Over the weekend, former Vice President Joe Biden signaled that he is open to the idea of choosing a female running mate if he secures his party’s nomination for president.

Asked about potential running mates during a town hall meeting in Iowa, Biden initially acted cagey. “I could start naming people, but the press will think that’s who I picked,” he said, before suggesting “the former assistant attorney general who got fired” (Sally Yates), “the woman who should have been governor of Georgia” (Stacey Abrams), and “the two senators from the state of New Hampshire” (Jeanne Shaheen and Maggie Hassan).
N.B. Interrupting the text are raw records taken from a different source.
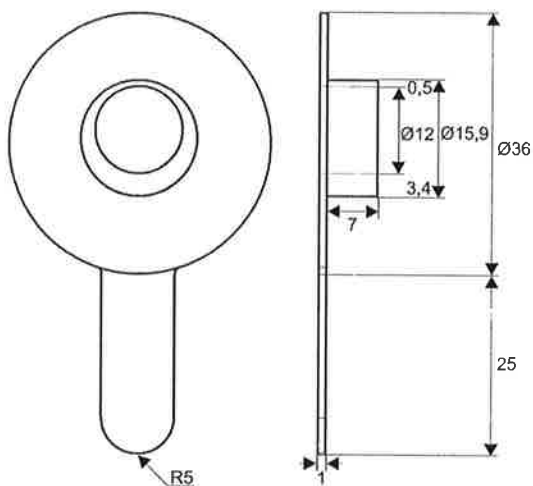

716 KS/KV / VELHA

Material: Nylon RAL 9006 or 1036

Material: Nylon RAL 9006 or 1036

Tolerans ISO 2768-1/m

0- 3mm $^{+0,1}_{-0,1}$

3- 6mm $^{+0,1}_{-0,1}$

6- 30mm $^{+0,2}_{-0,2}$

30-120mm $^{+0,3}_{-0,3}$

120-315mm $^{+0,5}_{-0,5}$

jyrki.lappalainen@multihela.fi
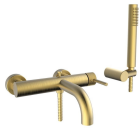

Σύνολο Δωματίου:

2.747,49 €

Ethnic Μπάνιο 4.30 τμ

Είδη διακόσμησης

Καμπίνα Ντουζιέρας

Διαστάσεις : 120*80cm Χρώμα :
Χρωμέ(INOX)

195,00 €

Μπαταρία Λουτρού ARMANDO
BRUSHED GOLD
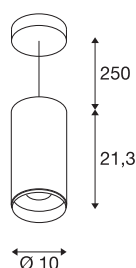

## NUMINOS® PD DALI L

Indoor led pendellamp zwart/zwart 2700 K 24°

Het NUMINOS verlichtingssysteem van SLV combineert op een vakkundige manier functie, design en techniek. Met verschillende downlights en spots zorgt u voor duizend lichtontwerpmogelijkheden. Zoals met de NUMINOS® PD DALO L pendelarmatuur, die overtuigt door zijn hoogwaardige afwerkings- en lichtkwaliteit. Met de spot kiest u voor puntverlichting of voor hoogwaardige verlichting van grotere oppervlakken. De plafondbouwarmatuur overtuigt met een stroomverbruik van 28 Watt, een lichtintensiteit van 2440 lumen, een kleurtemperatuur van 2700 Kelvin en een kleurweergave-index van 90. De montage voert u in een mum van tijd uit. Wanneer kiest u voor NUMINOS van SLV: de modulaire diversiteit wacht op u?

## TECHNISCHE SPECIFICATIES

Art.nr.:	1004626
Primaire nominale spanning	220-240V ~50/60Hz mA/V
Secundaire stroom / secundaire spanning	700mA
Pendellengte	250 cm
Hoogte	21.3 cm
Diameter	10 cm
Nettogewicht	1.38 kg
Brutogewicht	1.477 kg
Veiligheidsklasse	I
Montage	Opbouw
Montagebeschrijving	Plafond, Plafond met accessoires
Dimbaar	Ja
Dimtechniek	DALI
Wattage	28 W
Lumen	2440 lm
Lichtkleurtemperatuur	2700 Kelvin
Stralingshoek	24 °
Kleur	zwart
CRI	90
UGR ≤	19
LXXBXX gegevens	L80B50
Levensduur	50000 h
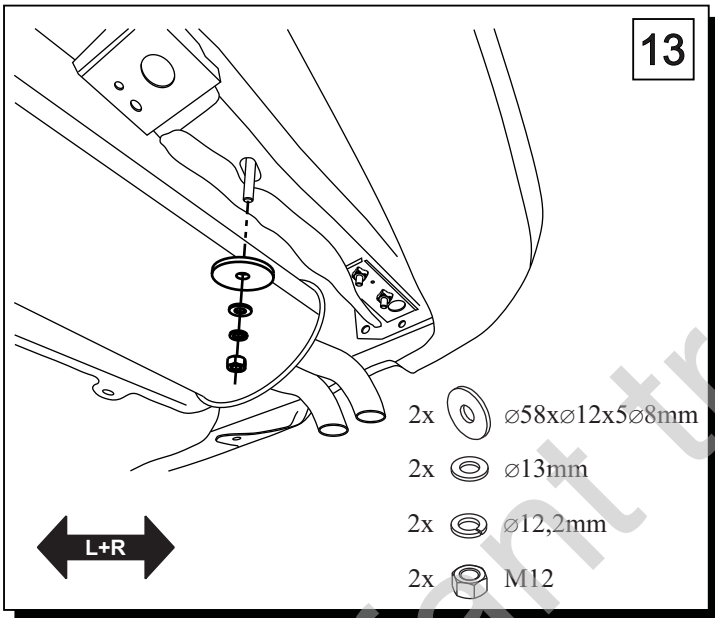

E20-55R-01 0987

D

9,95 kN

R=2000kg

S=75 kg

2h

21,6 kg

1		x1		8	M12x75	x1
				9	M12x70	x1
2		x1		9	M12x70	x1
				10	M10x100	x2
3		x1		11	M12	x2
				12	M10	x4
4		x2		13	∅ 13	x2
				14	∅ 10.5	x2
5		x2		15	∅ 30x∅10.5x2.5 10 – DIN 9021	x2
				16	∅ 12.2	x2
6		x2		17	∅ 10.2	x4
				7		x1

	M6 - 11 Nm	M8 - 25 Nm
	M10 - 50 Nm	M12 - 87 Nm
	M14 - 138 Nm	M16 - 210 Nm

 **0 km** →  **1000 km**

This isn’t the first time Biden has hinted about his preferences for running mates. He told a group of black journalists back in August that he would prefer to have a running mate who wasn’t a white male, although at the time he added, “I’m not making that commitment until I know that the person I’m dealing with I can completely and thoroughly trust as authentic and on the same page [as me] . . . They’ve got to be simpatico with what I stand for and with what I want to get done.”

This is why his suggestion of Stacey Abrams, who arguably has the highest profile among the four women Biden floated as possibilities, is especially odd. Such a choice would create problems for Biden that he doesn’t need.

For one, by highlighting Abrams, he explicitly endorsed the continued Democratic fiction that the Georgia gubernatorial election she lost in 2018 was “stolen” from her because of voter fraud. Abrams has been unable to prove her claim (she lost by more than 56,000 votes in an election where voter turnout was high), but she did launch a PAC, Fair Fight, “after witnessing the gross mismanagement of the 2018 election” that has effectively kept her employed and in the public eye since her defeat.

Abrams is an odd choice for Biden for another reason: Biden is already under scrutiny for the perception that his son Hunter has engaged in corrupt (and personally enriching) deals thanks to his father’s influence. Why align himself with Abrams, who, despite having made herself a professional warrior against corruption, has been accused of dabbling in it herself?

A deep dive by the Atlanta Journal-Constitution into the finances of two non-profit organizations she created (Third Sector Development and the Voter Access Institute) before she ran for governor raised many questions about her use of funds. “Abrams won’t say where the money came from, even though the two foundations paid her, over three years, nearly half a million dollars,” the paper reported.

While Abrams’ fellow Democrats told the newspaper they were “underwhelmed” by her groups’ voter outreach efforts, enough questions were raised about the non-profits’ voter registration efforts to prompt complaints by the State Board of Elections and a criminal investigation into the activities of Abrams’ canvassers by the secretary of state. (Abrams wouldn’t talk to the AJC about their story, but she did complain to Glamour magazine that questions about the amount of money she took from her non-profits were sexist).

All of this has been glossed over by the cult of personality that’s developed around Abrams since she lost the governor’s race. But it’s one that Biden should avoid burnishing.

Then again, Biden is floating names of running mates at this point in his campaign for good reason. His campaign is worried about the lack of enthusiasm for him in Iowa, particularly among younger voters. And there are broader concerns among Democrats about the optics of a primary field dominated by two old white men (and one old white woman).

But Biden would do well to exercise caution in teasing potential running mates too soon. Biden often trades on his relationship with Obama as a selling point for his candidacy, telling USA Today, for example, “We were philosophically in agreement, and we strategically agreed on everything. We disagreed on tactics sometimes . . . We’ve had arguments, we’ve shouted at each other in private, but we always completely trusted each other.”

But as much as Biden likes to sell an idealized narrative about his relationship with Barack Obama, the real story—not the media-fueled bromance—was far more complicated. Biden was probably not Obama’s first choice (Obama reportedly told Sen. Tim Kaine, “you are the pick of my heart, but Joe is the pick of my head”).

In a Democratic primary field dominated by politicians whose views are to the left of the American public, Biden would do well to hew to his centrist line and choose rationally when it comes to a running mate. The progressive flank of his party, angry and dismissive of lifelong politicians like Biden, are unlikely to be assuaged if Biden chooses a progressive darling like Abrams for his vice president. And voters in 2020 will have plenty of legitimate questions about such a choice if he makes it.